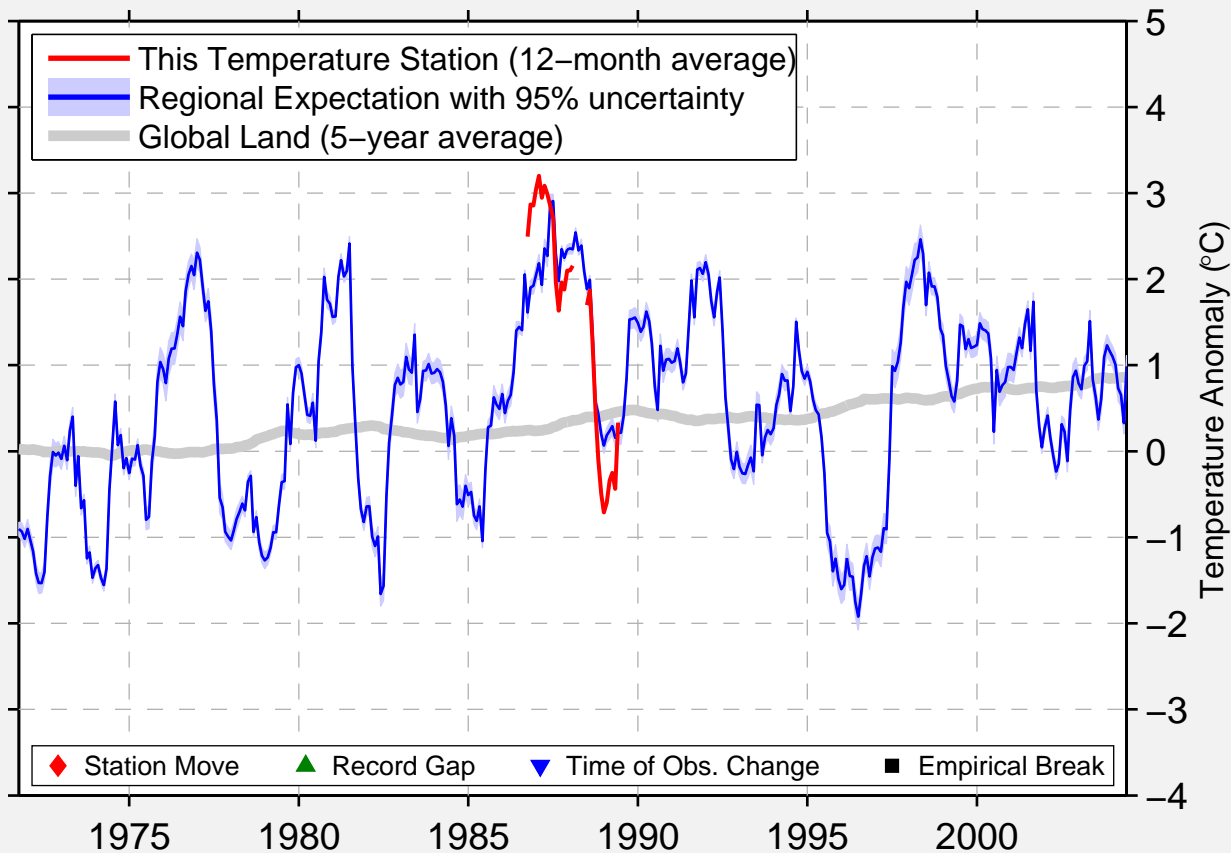

# SCAPA

51.870 N, 112.020 W (Canada)

Data Quality Controlled and Aligned at Breakpoints

Berkeley Earth
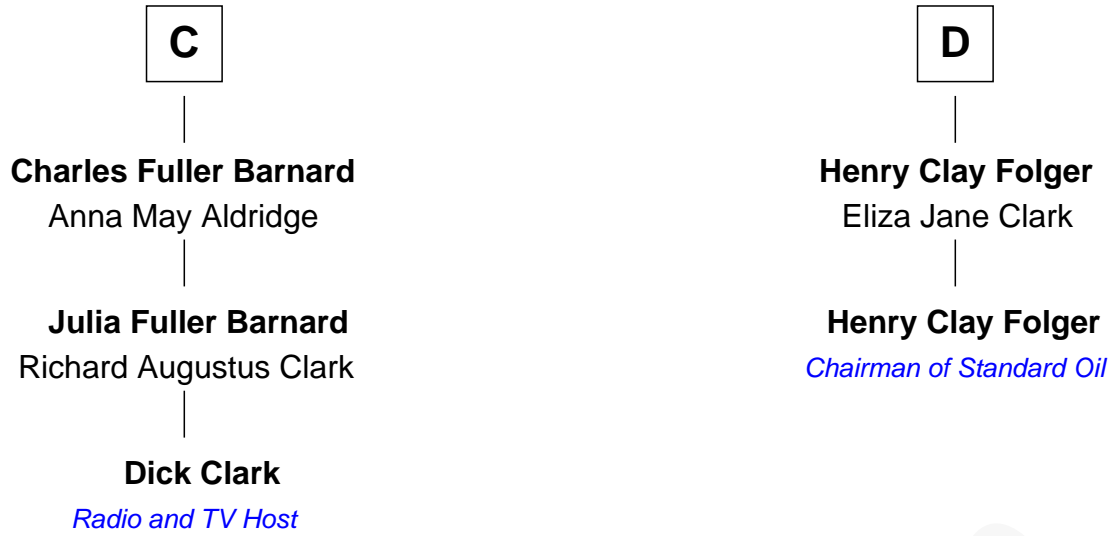

FamousKin.com Relationship Chart of

Dick Clark

Radio and TV Host

18th cousin 1 time removed of

Henry Clay Folger

Founder of Folger Shakespeare Library and Chairman of Standard Oil

Sir James le Boteler

Eleanor de Bohun

FamousKin.com

•••

WHAT THE EXERCISE ASKS: Give back exactly the lines of the listing above from the one that contains "Data Quality Controlled" up to and including the one that contains "Sir James le Boteler", but not the pictures, and no other lines.

THE COMPLETED TASK:
Data Quality Controlled and Aligned at Breakpoints

Berkeley Earth

FamousKin.com Relationship Chart of

Dick Clark

Radio and TV Host

18th cousin 1 time removed of

Henry Clay Folger

Founder of Folger Shakespeare Library and Chairman of Standard Oil

Sir James le Boteler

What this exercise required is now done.